START MATERIAL TO PROCESS
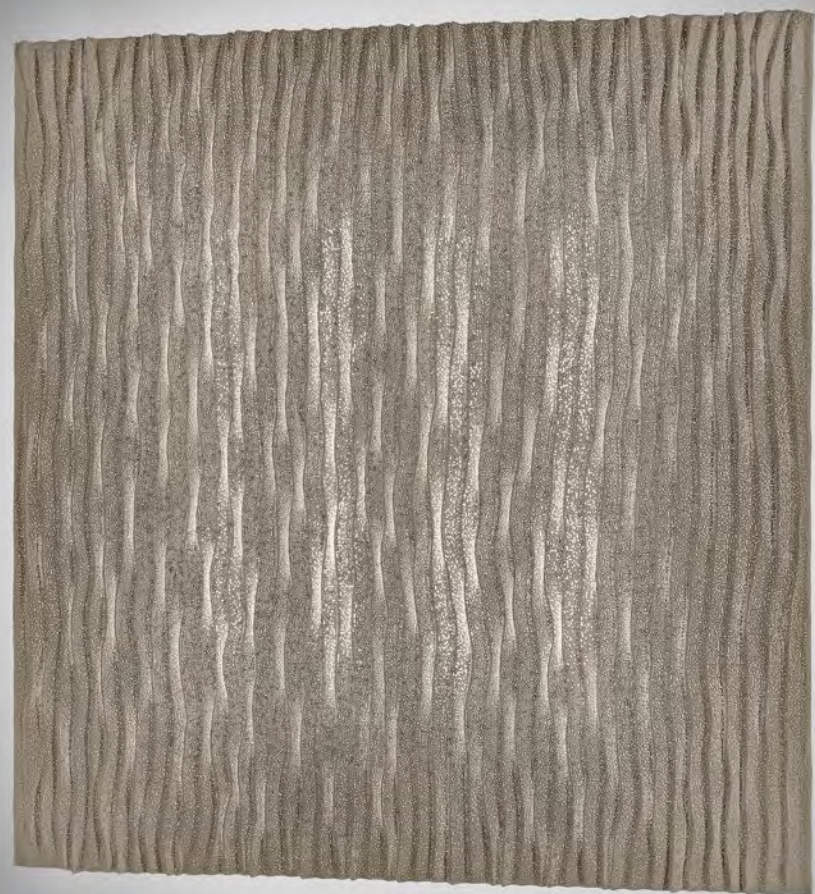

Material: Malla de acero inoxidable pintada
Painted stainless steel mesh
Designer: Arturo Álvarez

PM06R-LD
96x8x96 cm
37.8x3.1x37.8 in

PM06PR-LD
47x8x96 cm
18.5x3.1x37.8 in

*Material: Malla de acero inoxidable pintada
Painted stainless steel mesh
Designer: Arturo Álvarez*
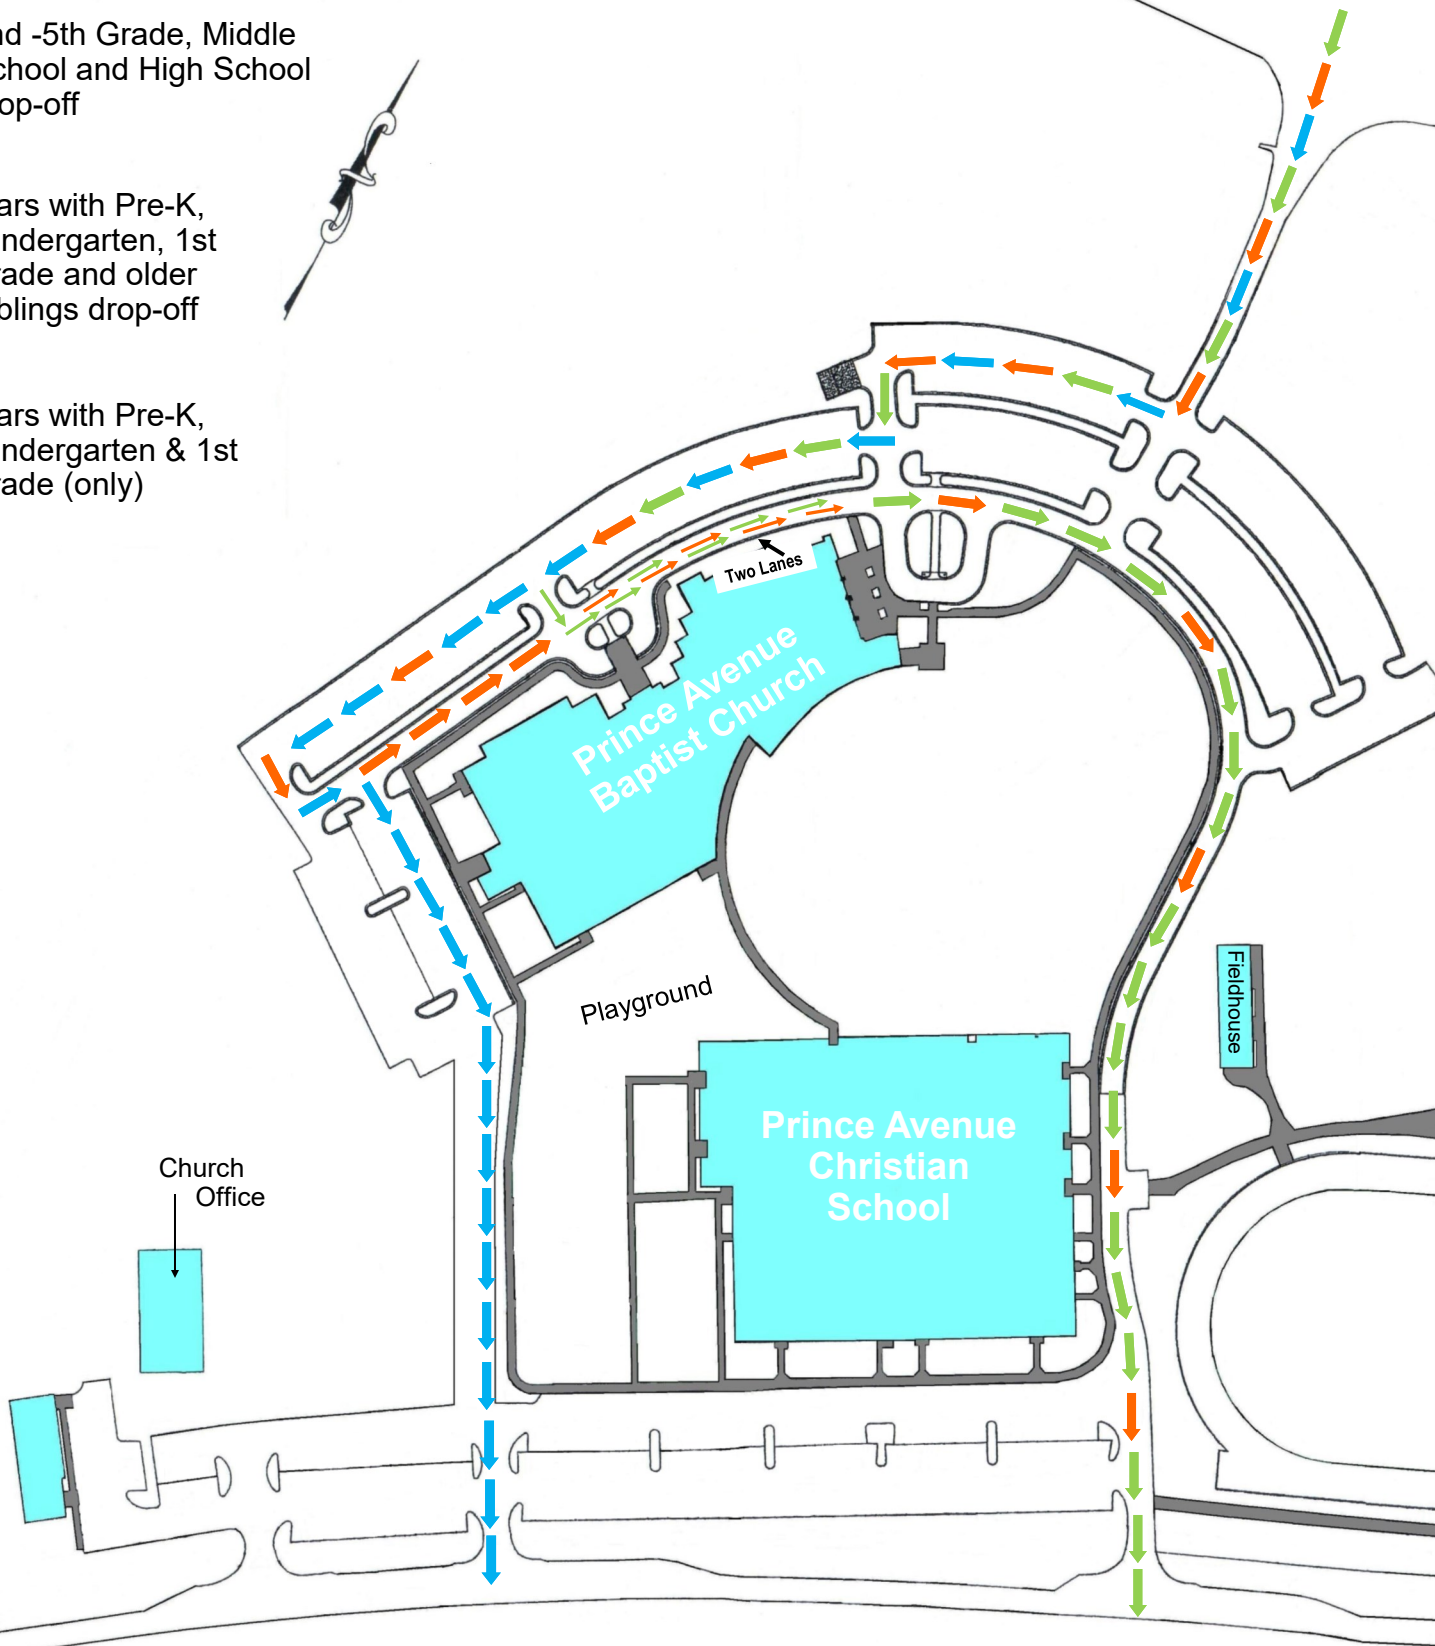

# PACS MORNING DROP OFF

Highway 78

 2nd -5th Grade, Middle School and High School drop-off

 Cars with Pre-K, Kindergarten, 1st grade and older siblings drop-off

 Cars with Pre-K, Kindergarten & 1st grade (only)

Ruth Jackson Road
END MATERIAL TO PROCESS
WORK ITEM. Copy each line of the data that includes the word "Arturo".

EXERCISE RESULT.
Designer: Arturo Álvarez
Designer: Arturo Álvarez*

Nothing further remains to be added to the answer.